= Beginning of Section =

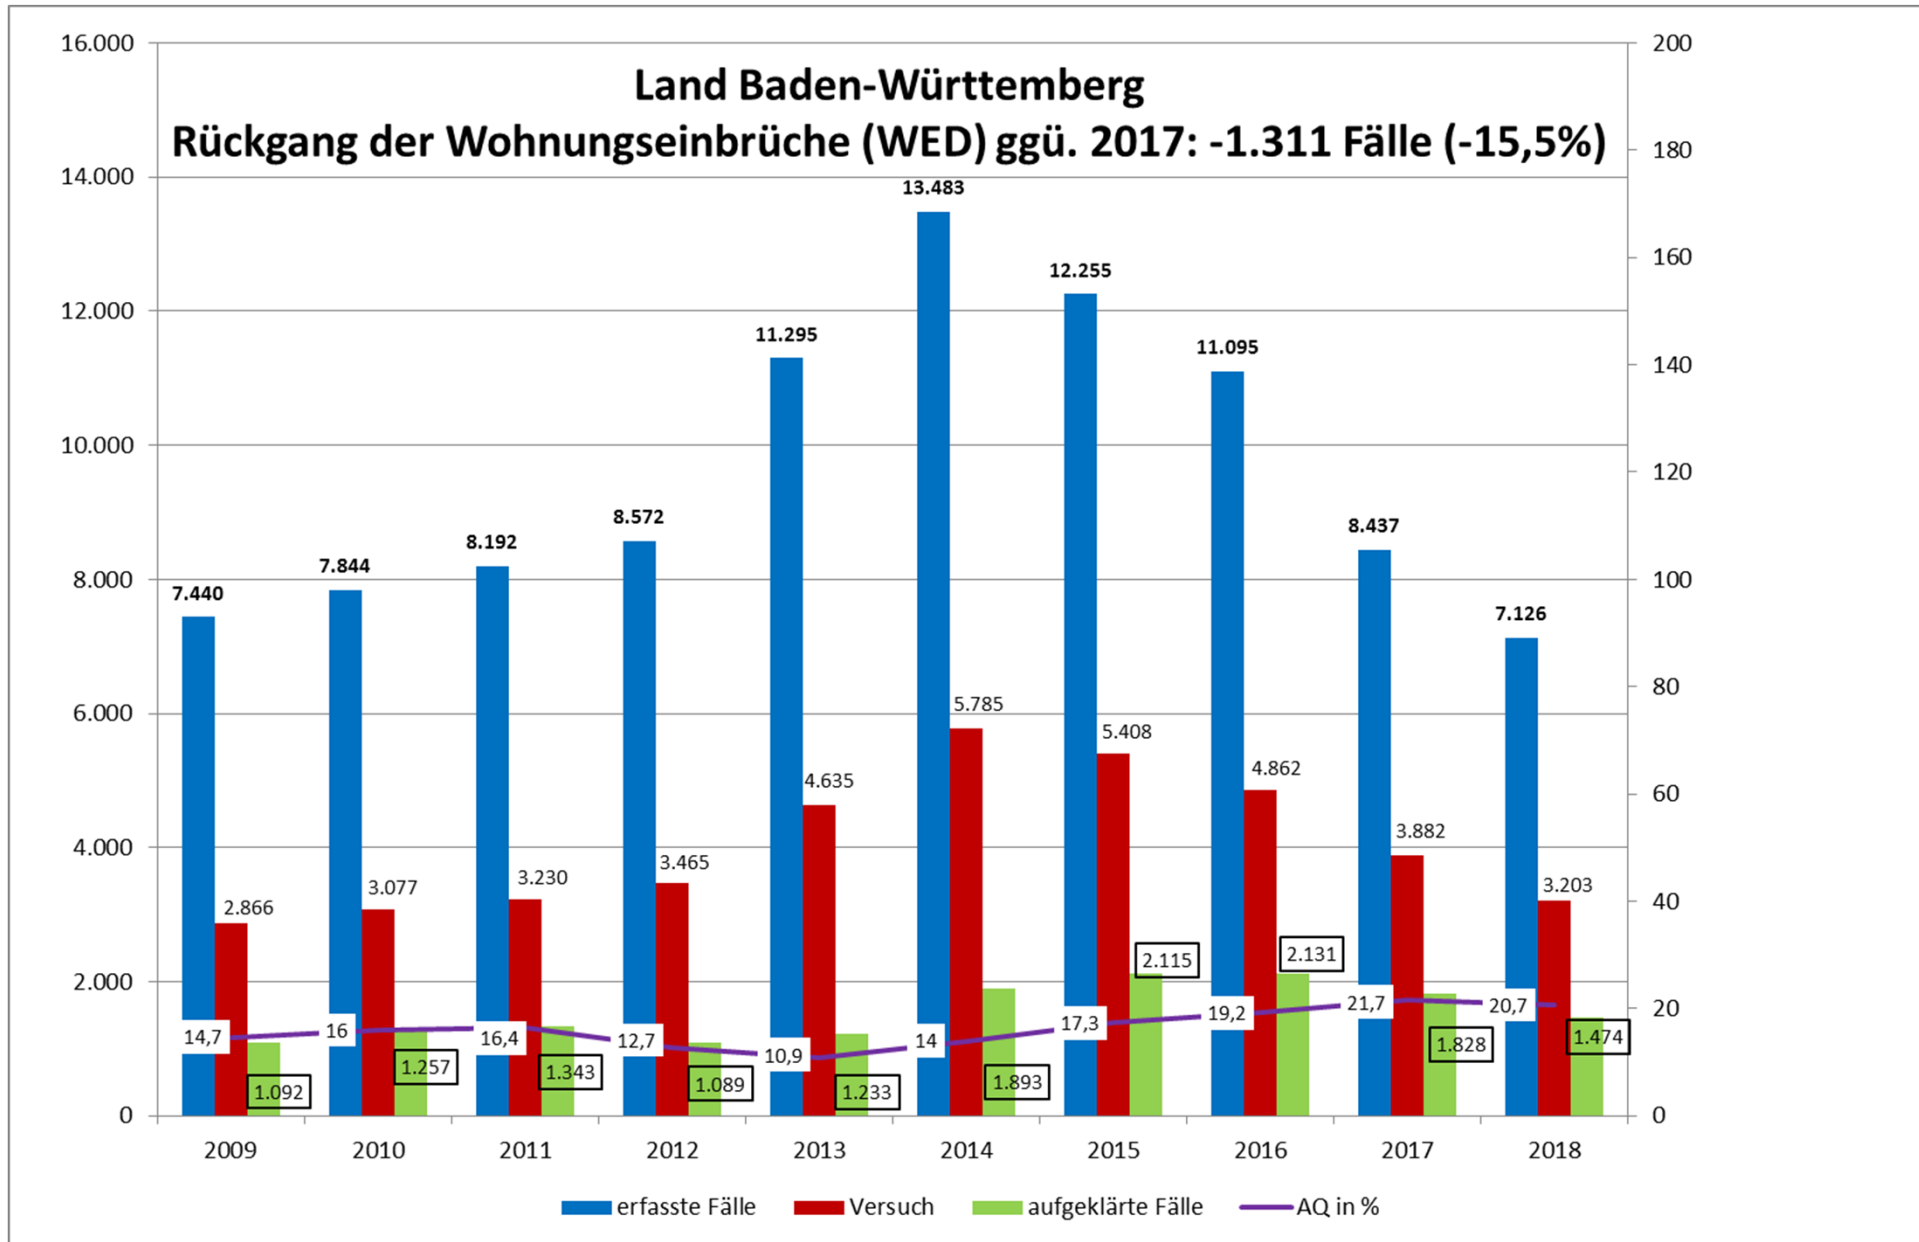

Stadtkreis Freiburg - Tatverdächtige Ausländer nach Aufenthaltsanlass

Stadtkreis Freiburg – Ausländische Tatverdächtige nach Staatsangehörigkeit ohne Ausländerrecht (mehr als 50 TV im Jahr 2018)

Staatsangehörigkeit	Anzahl Tatverdächtige
RUMÄNIEN	321
SYRIEN, ARABISCHE REPUBLIK	288
GAMBIA	242
TÜRKEI	231
ITALIEN	210
FRANKREICH	152
IRAK	146
UNGEKLÄRT	144
NIGERIA	140
SERBIEN	136
SCHWEIZ	134
AFGHANISTAN	115
POLEN	103
GEORGIEN	103
KOSOVO	102
ALGERIEN	94
BULGARIEN	84
ALBANIEN	74
TUNESIEN	71
MAROKKO	65
KROATIEN	64
ERITREA	63
UNGARN	61
SOMALIA	54
MAZEDONIEN, EHEMALIGE JUGOSLAWISCHE REPUBLIK	53
LIBANON	53

Stadtkreis Freiburg – Straftaten gegen die sexuelle Selbstbestimmung

Straftaten gegen die sexuelle Selbstbestimmung 1300** Sexueller Missbrauch

Stadtkreis Freiburg – erfasste Fälle

Stadtteile - Straftatenentwicklung ohne Ausländerrecht 2017/2018

Stadtkreis Freiburg – ausgewählte Delikte

Land BW – Entwicklung Wohnungseinbrüche (WED)

Polizeipräsidium Freiburg – Wohnungseinbrüche (WED)

Lagebild WED/TWED – 01.01.2018 – 31.12.2018 – PP Freiburg

Datenquelle: Lagebildauswertung mit Stand 01.01.2019
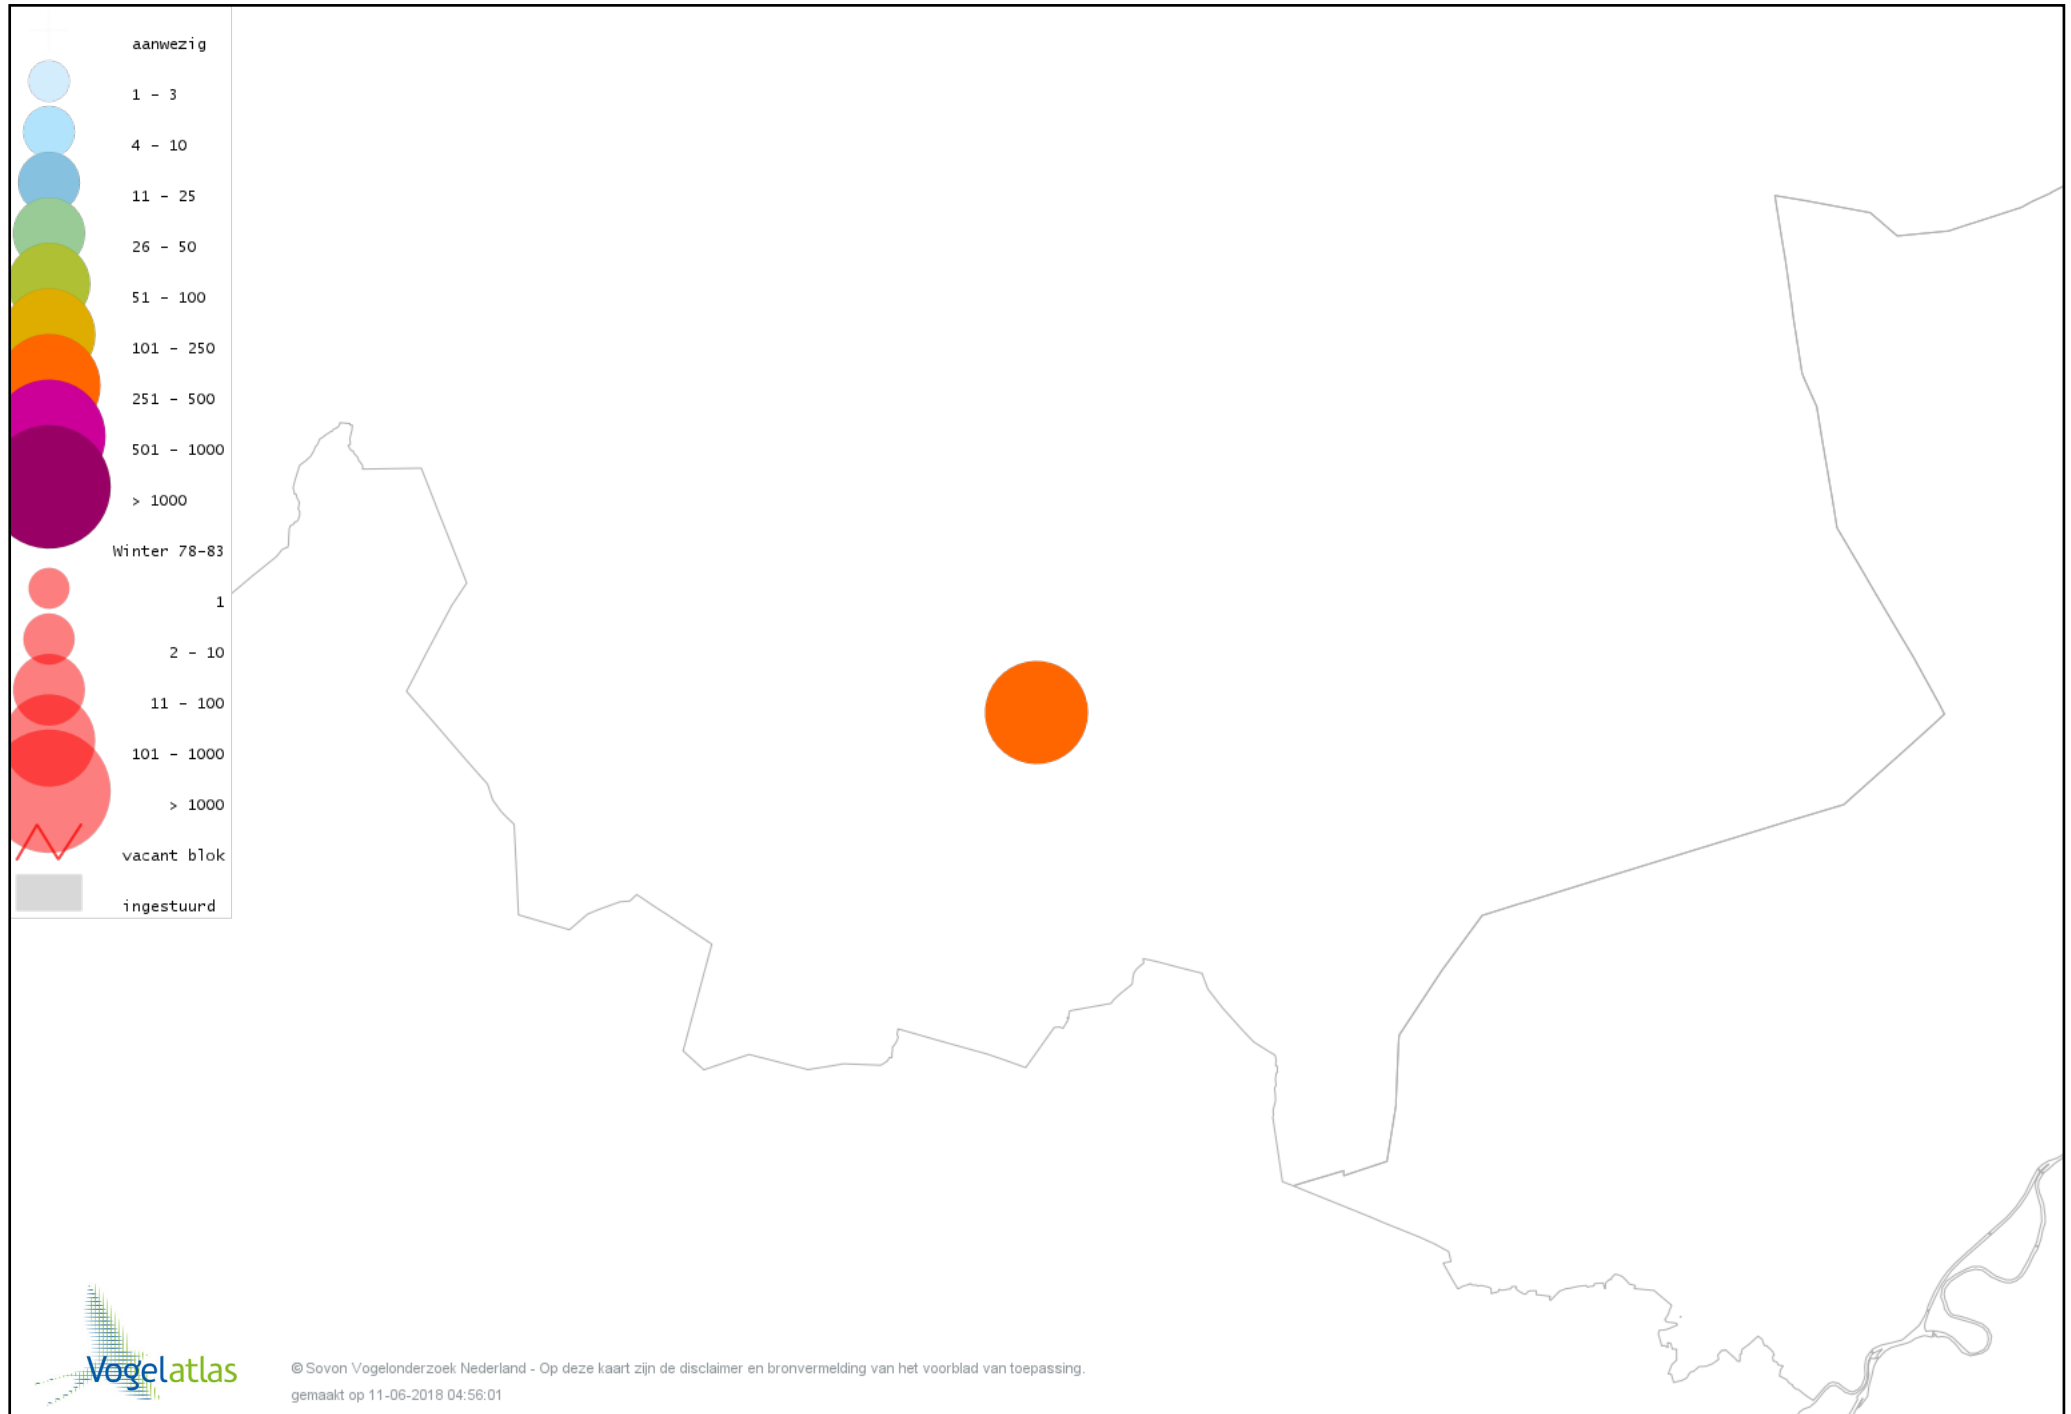

Voorlopige verspreidingskaart Boomklever winter

Voorlopige verspreidingskaart Boomkruiper winter

Voorlopige verspreidingskaart Winterkoning winter

Voorlopige verspreidingskaart Spreeuw winter

Voorlopige verspreidingskaart Merel winter

Voorlopige verspreidingskaart Kramsvogel winter

Voorlopige verspreidingskaart Zanglijster winter

Voorlopige verspreidingskaart Koperwiek winter

Voorlopige verspreidingskaart Grote Lijster winter

Voorlopige verspreidingskaart Roodborst winter
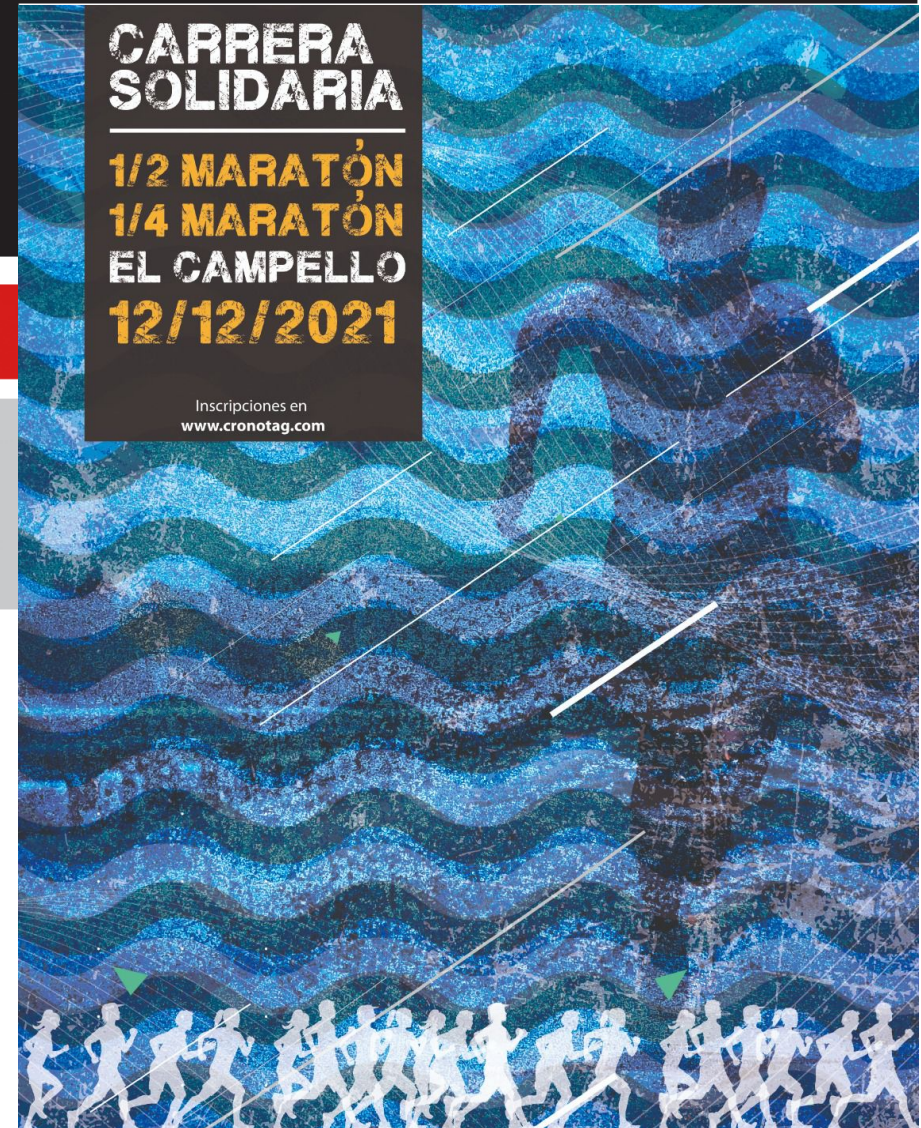

VII Media Maratón y 1/4 Maratón de el Campello

SÁNCHEZ GARCIA, LOLI
ha concluido la prueba
1/4 Maratón

Tiempo: 01:04:26

Posición general: 159

Categoría: VETERANO C FEMENINO

Posición categoría: 2

Distancia: 10,5 km

Ritmo: 00:06:26

Club Náutico de El Campello, 12 del 12 de 2021
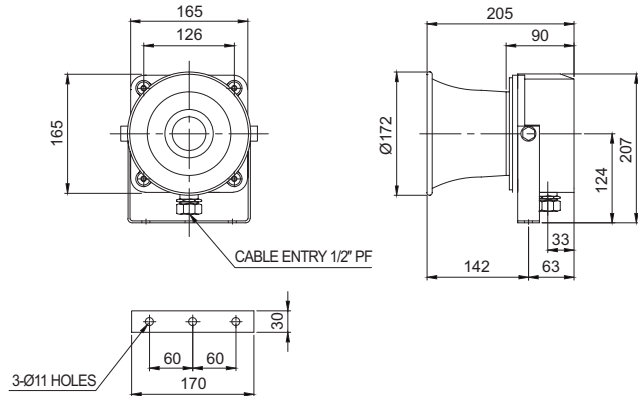

※ 음색 상세 사양은 Page24를 참조하십시오.

SEWN50E

외형도

(단위 : mm)

SEWN50E

SEWN50L

SEWN50L

SEWN50T

SEWN50T

- SEWN50E/ SEWN50L 모델은 케이블 인입 구에 후렉시블 커넥터가 장착되며, SEWN 50T 모델은 15C 너플이 장착됩니다.
- 케이블그라운드 장착형은 주문사양으로 공급됩니다.

후렉시블 커넥터

15C 너플
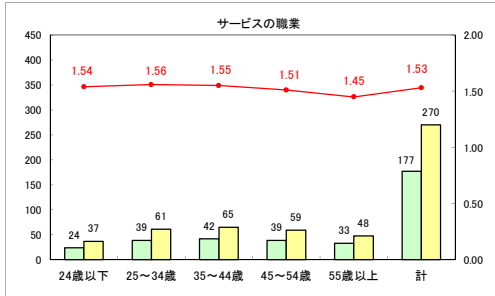

求人・求職バランスシート（常用+常用パート）〔ハローワーク青森〕

平成30年3月

求人・求職バランスシート（常用+常用パート）〔ハローワーク八戸〕

平成30年3月

求人・求職バランスシート（常用+常用パート）〔ハローワーク弘前〕

平成30年3月

求人・求職バランスシート（常用＋常用パート） 【ハローワークむつ】

平成30年3月
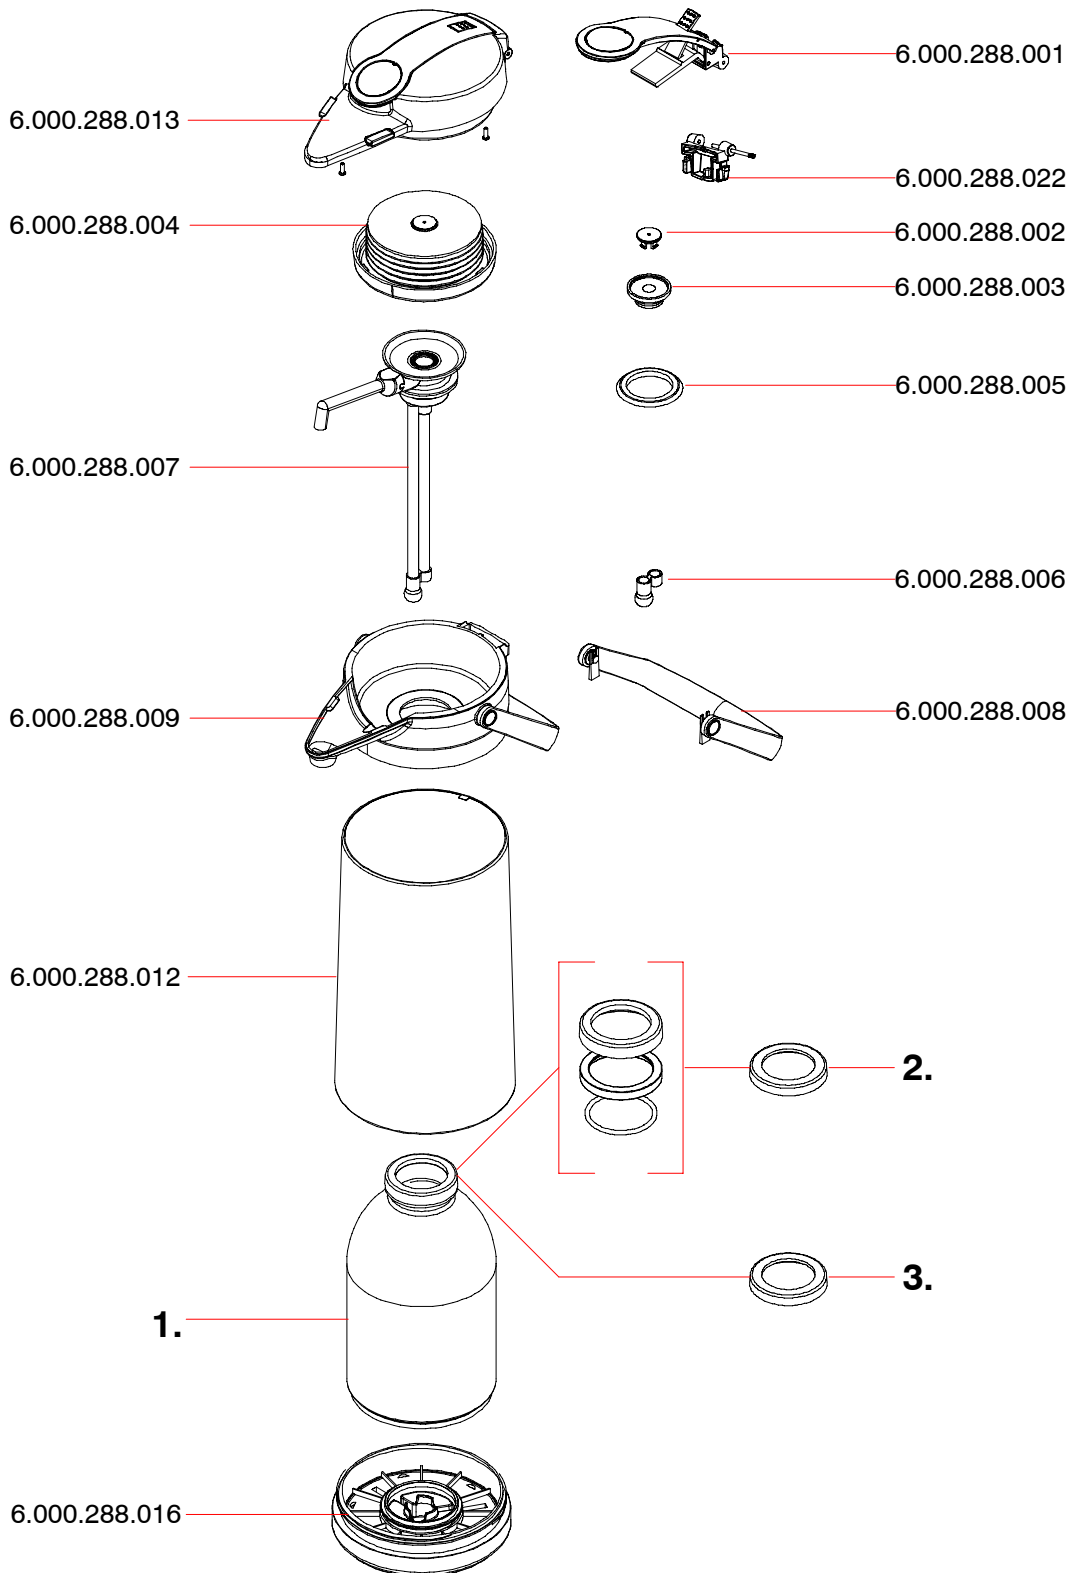

## AIRPOT FURENTO

	<i>Inner-bowl</i>	<b>Furento 1.9 L.</b>	<b>Furento 2.2 L.</b>
1.	Stainless steel	6.000.288.017	6.000.288.014
	Glass		6.000.288.011
2.	Stainless steel	6.000.288.015	6.000.288.015
3.	Glass		6.000.288.010

= End of Section =

WHAT TO PRODUCE - Return from the data every line that holds "Staatsangehörigkeit".

SOLUTION TO THE PROBLEM -
Stadtkreis Freiburg – Ausländische Tatverdächtige nach Staatsangehörigkeit ohne Ausländerrecht (mehr als 50 TV im Jahr 2018)
Staatsangehörigkeit	Anzahl Tatverdächtige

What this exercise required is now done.